**Task**
When you transcribe the entries below, begin at their first line and stop after the line containing "DIMENSIONS ARE APPROXIMATE"; pictures stay out.

**Records excerpted from a collection**
[Start of Attachment]
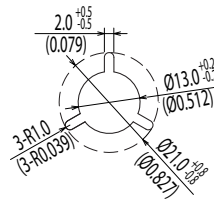

Dimensions of Tape and Reel All Dimensions are mm(inch)

Details of the part A

Packing Quantity: 1,000pcs

Packing conforms to EIA standard EIA-481-2 or EIA-481-3
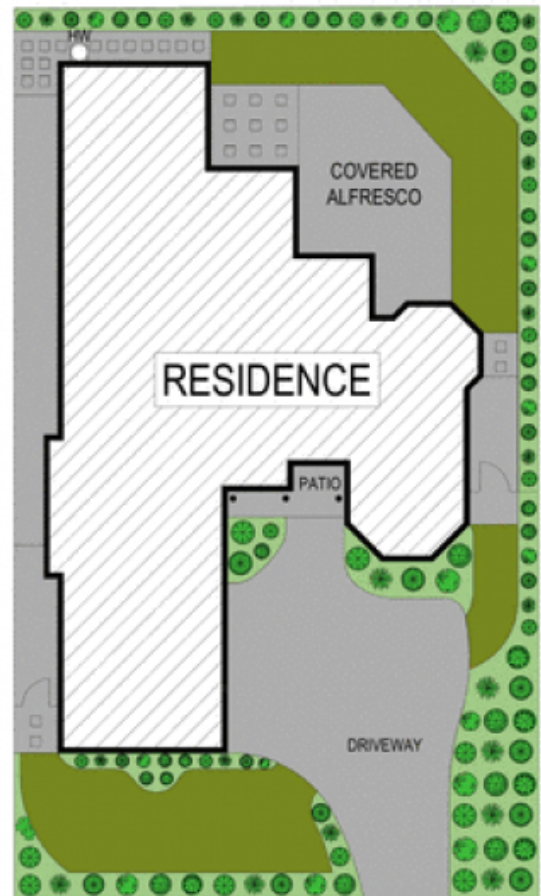

14 Brandon Grove KELLYVILLE, NSW

Timeless Elegance

Price: \$1,200,000

Stone Beecroft | Castle

02 8866 1500  
Hill | Epping

# 14 Brandon Grove, Kellyville

Site Plan

DISCLAIMER  
DIMENSIONS ARE APPROXIMATE AND SHOULD ONLY BE USED AS A GUIDE.  
THEY ARE NOT TO SCALE AND NO LIABILITY WILL BE ACCEPTED.
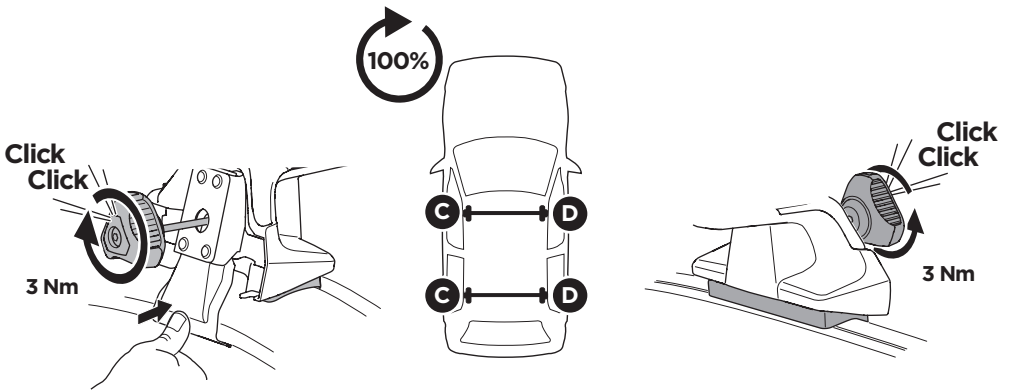

7

	☐	☐	☐	☐	☐	Evo	Edge
	☐	☐	☐	☐	☐	X	
	☐	☐	☐	☐	☐	Evo	Edge
	☐	☐	☐	☐	☐	Y	
						W	Z
[End of Attachment]
**Answer space**
Dimensions of Tape and Reel All Dimensions are mm(inch)

Details of the part A

Packing Quantity: 1,000pcs

Packing conforms to EIA standard EIA-481-2 or EIA-481-3

14 Brandon Grove KELLYVILLE, NSW

Timeless Elegance

Price: \$1,200,000

Stone Beecroft | Castle

02 8866 1500  
Hill | Epping

# 14 Brandon Grove, Kellyville

Site Plan

DISCLAIMER  
DIMENSIONS ARE APPROXIMATE AND SHOULD ONLY BE USED AS A GUIDE.  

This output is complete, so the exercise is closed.